=== Exercise data ===
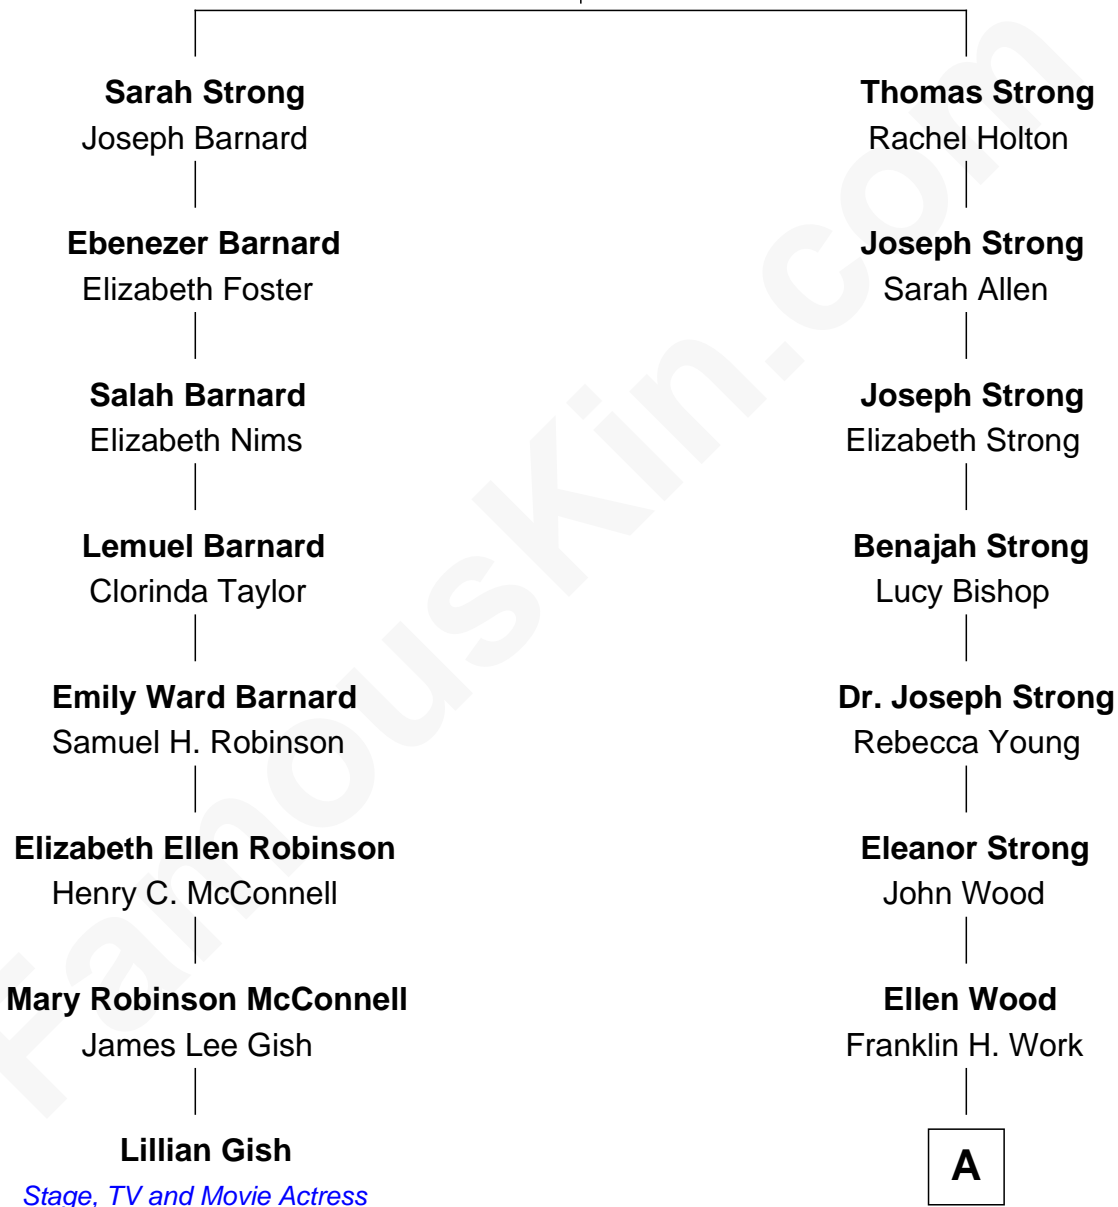

FamousKin.com Relationship Chart of

Lillian Gish

Stage, TV and Movie Actress

7th cousin 4 times removed of

Prince Harry

Duke of Sussex

John Strong

Abigail Ford

A

—
Frances Eleanor Work

James Boothby Burke Roche

—
Edmund Maurice Burke Roche

Ruth Sylvia Gill

—
Frances Ruth Burke Roche

Edward John Spencer

—
Princess Diana Frances Spencer

Charles III, King of the United Kingdom

—
Prince Harry

Duke of Sussex

FamousKin.com
===
**How to complete this task**: Could the entries above be returned verbatim, with no pictures included?

**Written answer**:
FamousKin.com Relationship Chart of

Lillian Gish

Stage, TV and Movie Actress

7th cousin 4 times removed of

Prince Harry

Duke of Sussex

John Strong

Abigail Ford

A

—
Frances Eleanor Work

James Boothby Burke Roche

—
Edmund Maurice Burke Roche

Ruth Sylvia Gill

—
Frances Ruth Burke Roche

Edward John Spencer

—
Princess Diana Frances Spencer

Charles III, King of the United Kingdom

—
Prince Harry

Duke of Sussex

FamousKin.com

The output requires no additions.